Donc regarde sit tu as un menu "Action" avec l'option Telecharger les pilotes Windows (ou quelque chose d'approchant)


----------



## Fantomas06 (23 Novembre 2017)

r e m y a dit:


> La page d'assistant Apple https://support.apple.com/en-us/HT204923
> Indique bien que c'est un probleme de non téléchargement des pilotes nécessaires notamment quand "You don't hear audio from the built-in speakers of your Mac in Windows."
> 
> et elle explique ensuite comment les télécharger mais avec des écrans similaires à celui de Locke.
> ...



Wouaaaaa c'est de l'anglais ça,   bon bein je vais d'abord me mettre à l'anglais  pour essayer de régler mon problème  :-D

mais ça je le fais sous macOs ou Windows,  because i'm not the best in English et encore moin informatiquement parlant


----------



## r e m y (23 Novembre 2017)

Tu le fais sous MacOS en relançant Assistant BootCamp. 
Dans l'assistant BootCamp, tu regardes si tu as un menu nommé Action dans lequel tu dois trouver la ligne permettant de télécharger les pilotes nécessaires à Windows. 

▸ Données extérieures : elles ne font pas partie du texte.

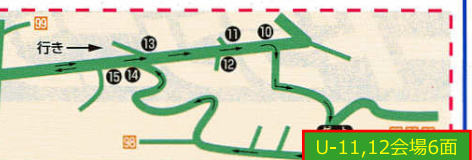

菅平高原グラウンドマップ

至長野IC (夏期のみ 大型車不可)

- 1 芝グラウンド
- 6 人工芝グラウンド
- P 公営駐車場
- 宿舎・寮
- ▲ 食堂・軽食・喫茶
- ◎ コンビニエンスストア
- ⊕ 診療所
- ラグビーグッズ専門店
- GS ガソリンスタンド
- 〒 郵便局
- 文 学校
- 観光スポット

中央部拡大図

ペンション
星降る館

ペンション
ヒロストラダ

ホテルやまびこ

U-10会場3面

U-13会場1面
人工芝

U-13会場1面
人工芝

菅平スイスホテル

U-11,12会場6面

DFH
EGI

0m 500m 1,000m

路上駐車禁止

宿泊に付いてのご相談は菅平高原旅館組合にご相談下さい。
 TEL. (0268) -74-2003 FAX. (0268) -74-2353
 ペンションご希望の方はペンション部ホームページ
<http://www.sugadaira.info/> を検索下さい。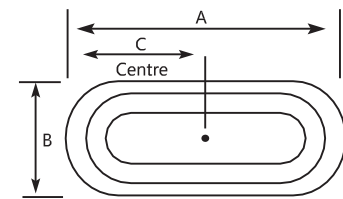

Size (cm)	A	B	C	Height
170 x 90cm	170	90	36	43

**AVEO**

**AVEO** Acrylic Bathtub

Size (cm)	A	B	C	Height
190 x 90cm	190	90	95	43

**JULIET** Acrylic Bathtub

Size (cm)	A	B	C	Height
185 x 100cm	185	100	34.5	41.5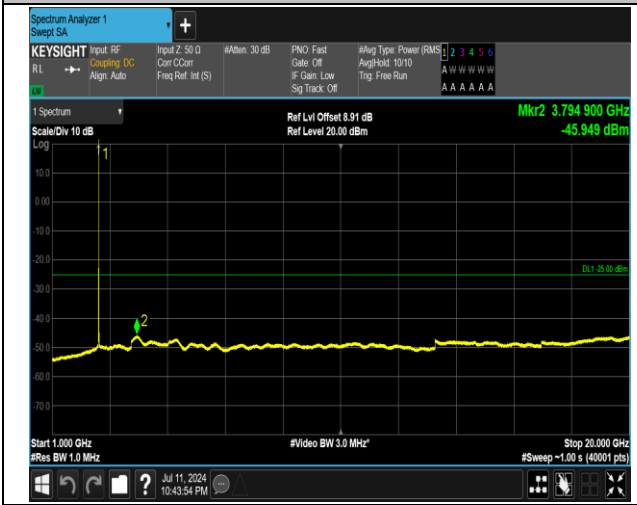

7-7-15MHz-20MHz-QPSK-QPSK-21003-21174-1RB#74-0
RB#0-0.009~0.15MHz-PASS

7-7-15MHz-20MHz-QPSK-QPSK-21003-21174-1RB#74-0
RB#0-1000~20000MHz-PASS

NB: j'ai enfin trouvé la page équivalente en Français sur le site Apple
https://support.apple.com/fr-fr/HT204923


----------



## Fantomas06 (23 Novembre 2017)

r e m y a dit:


> Tu le fais sous MacOS en relançant Assistant BootCamp.
> Dans l'assistant BootCamp, tu regardes si tu as un menu nommé Action dans lequel tu dois trouver la ligne permettant de télécharger les pilotes nécessaires à Windows.
> 
> NB: j'ai enfin trouvé la page équivalente en Français sur le site Apple
> https://support.apple.com/fr-fr/HT204923





r e m y a dit:


> Tu le fais sous MacOS en relançant Assistant BootCamp.
> Dans l'assistant BootCamp, tu regardes si tu as un menu nommé Action dans lequel tu dois trouver la ligne permettant de télécharger les pilotes nécessaires à Windows.
> 
> NB: j'ai enfin trouvé la page équivalente en Français sur le site Apple
> https://support.apple.com/fr-fr/HT204923


Avec un bon Gros AC/DC dans les oreilles je vous remercies pour votre aide, Highway to Hell   putin c'est bon    
encore un gros gros gros ENORME MERCI


----------